Hi,
So feel a bit weird being here. I have not been diagnosed with Autism, but recently got referred to my GPs mental health consultant and after my assessment he indicated that I had strong Autistic traits. I am not sure what that means, he didn't really elaborate, and I am a recluse and was under so much stress being out and down the doctors surgery that I just couldn't think of anything other than getting out of there.
I originally went down there because I have bounced out of work again, struggling to be functional. It is something I have been through before, but this time seems worse, I can't seem to work around it like I normally do. I'm used to 'pretending to be normal' but right now that ability seems to have abandoned me. I naturally did some reading, and came across the phrase Autistic Burnout on here. This sound exactly like what I go through, but I am also aware it is easy to feel affinity for symptoms and it just be coincidence.

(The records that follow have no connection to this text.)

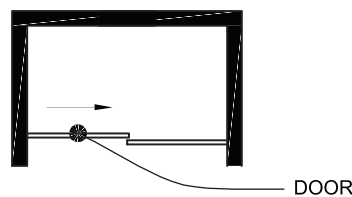

VIGO Elan Hart Frameless Sliding Shower Door

VG06022

PRODUCT FEATURES

- Built-in horizontal adjustability makes this shower door easy to install
- Includes all mounting hardware
- Constructed from ANSI Z97.1 and 16 CFR 1201-certified tempered glass
- RollerDisk™ Technology allows for up to 3/8" of adjustability as walls shift over time
- High-quality stainless steel and solid brass hardware resists corrosion and tarnishing
- All VIGO Shower Doors feature a quality assured Limited Lifetime Warranty

* See website for detailed warranty information.

**Color swatches intended for reference only.

MEASUREMENTS

A, B & C dimensions were measured after shower enclosure was completely installed.

Model	A Door	B Fixed Panel	C Opening Size	Height	Door Opening Width (Max.)
VG6022XX4876	26" x 75 7/16"	23" x 76"	44" - 48"	76"	16" - 20"
VG6022XX5276	28" x 75 7/16"	25" x 76"	48" - 52"	76"	18" - 22"
VG6022XX5676	30" x 75 7/16"	27" x 76"	52" - 56"	76"	20" - 24"
VG6022XX6076	32" x 75 7/16"	29" x 76"	56" - 60"	76"	22" - 26"
VG6022XX6066	32" x 65 7/16"	29" x 66"	56" - 60"	66"	24" - 28"
VG6022XX6476	34" x 75 7/16"	31" x 76"	60" - 64"	76"	26" - 30"
VG6022XX6876	36" x 75 7/16"	33" x 76"	64" - 68"	76"	28" - 32"
VG6022XX7276	38" x 75 7/16"	35" x 76"	68" - 72"	76"	30" - 34"

Right installation

Fixed panel

Door

Left Installation

Door

Fixed panel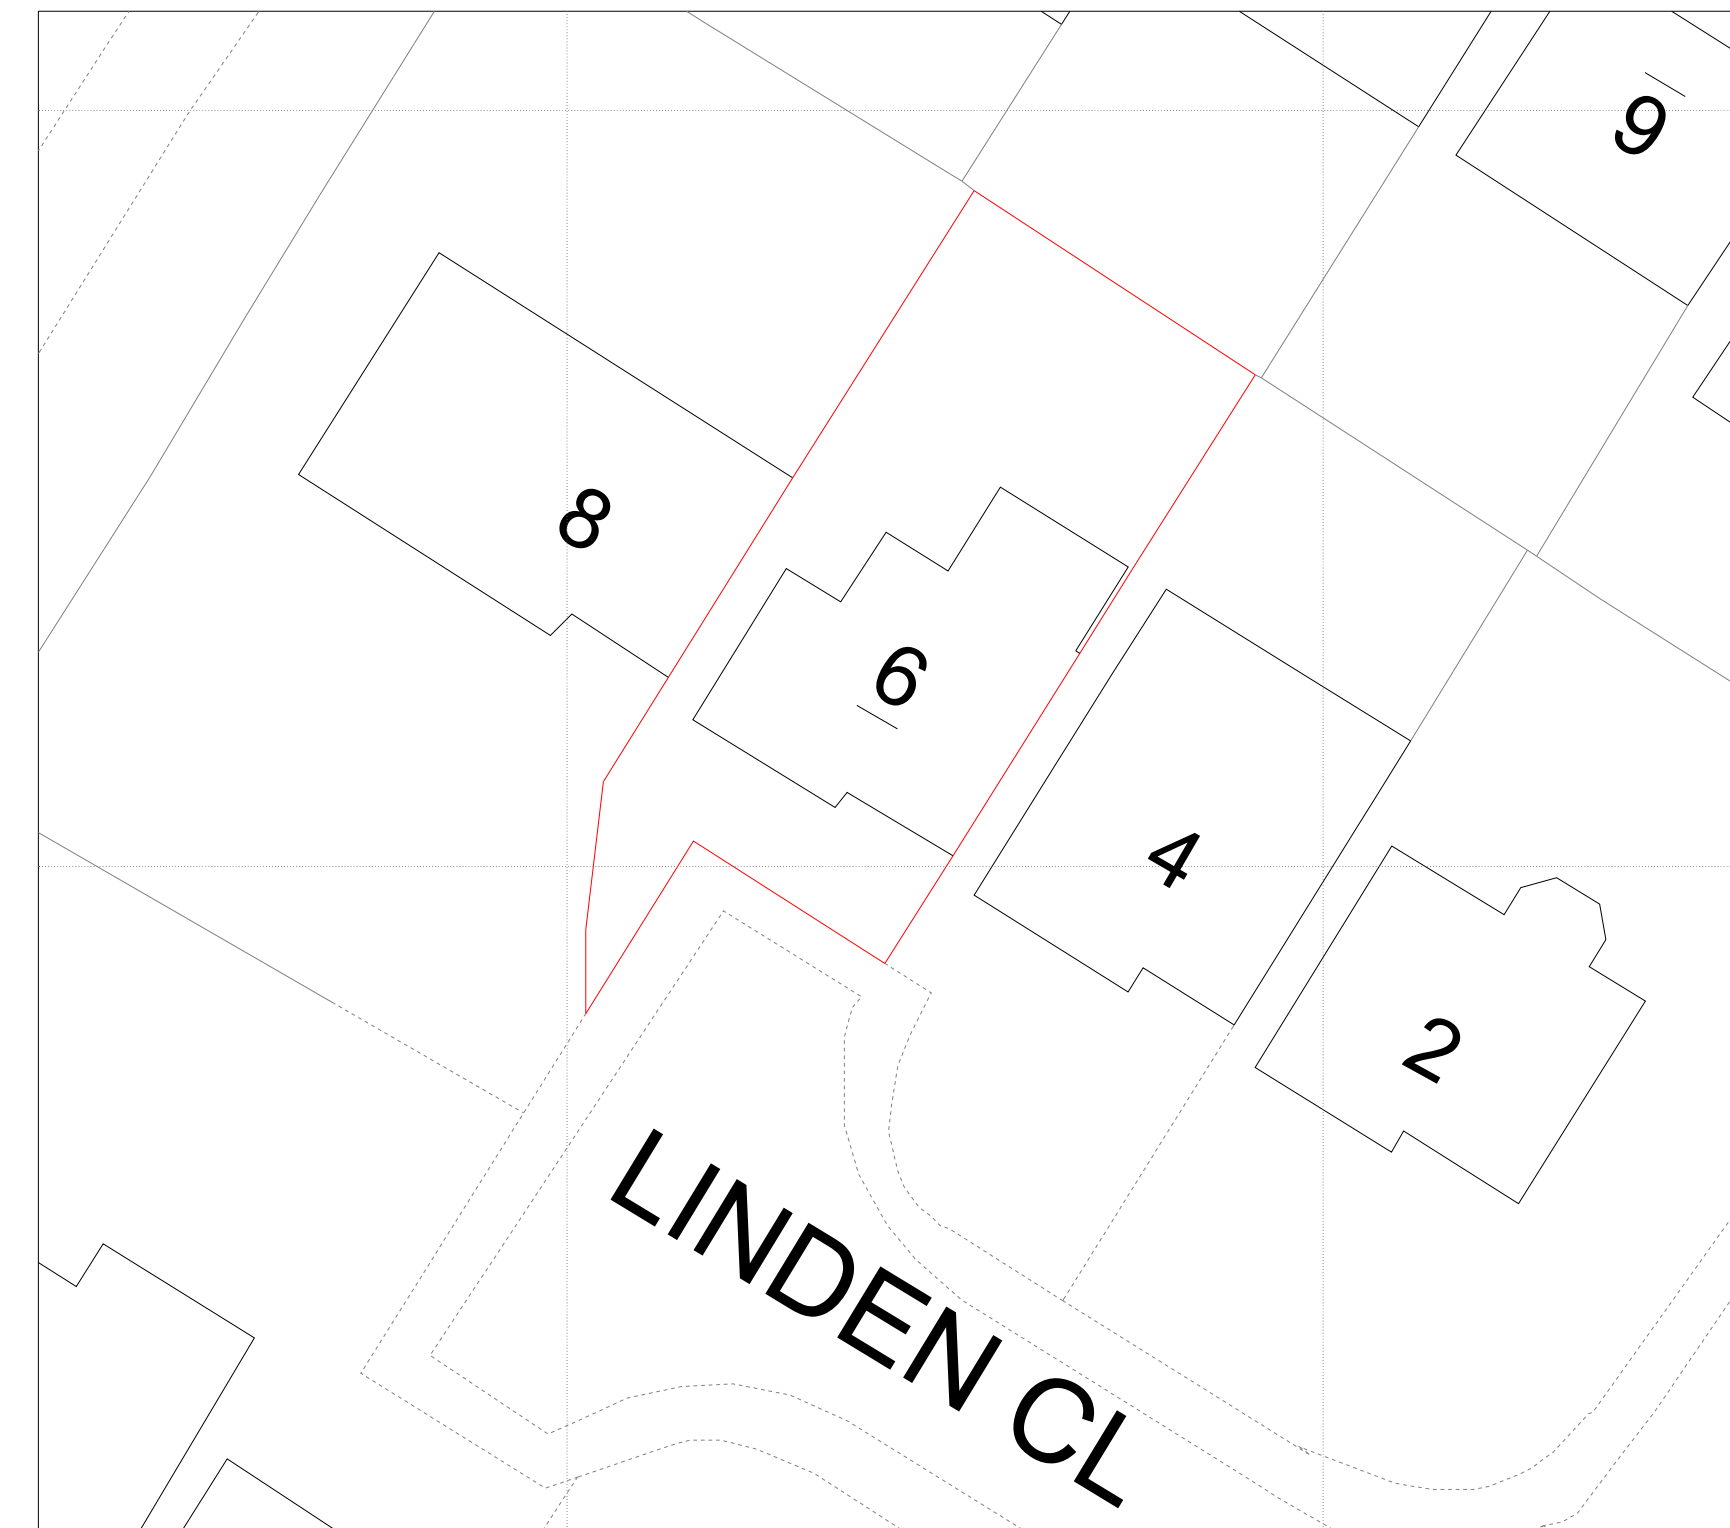

Location Plan 1:1250@A1

Existing Site Plan 1:250@A1

Legend

-  Property Boundary
-  Proposed New Structure

Proposed Site Plan 1:250@A1

00	Planning Issue	06/02/24
Rev. No.	Revision Description.	Date.
Title: Location Plan, Existing and Proposed Site Plans		
Project: 6 Linden Cl, Edenfield, Bury, BL0 0LN.		
Client: Mr and Mrs Smith, 6 Linden Cl, Edenfield, Bury, BL0 0LN.		
Scale(@A1) Indicated	Drawn By: JW	Checked By: AW
	Date: 06/02/2024	Project Number: 369
Drawing Number: JCBD-23-369-3	Revision Number: 00

There doesn't seem to be any help forth coming in the short term, but without work I will be homeless in 10 months (I will run out of money and my tenancy ends). It is just me, so there is no one to help out. I need to start working the problem, and at this point I am willing to try anything. It might turn out to be a mis-diagnosis but I would be interested what people here do to combat and recover from Autistic Burnout. I thought a little trial and error might at least eliminate some things. Getting a bit desperate now, so any suggestions would be helpful.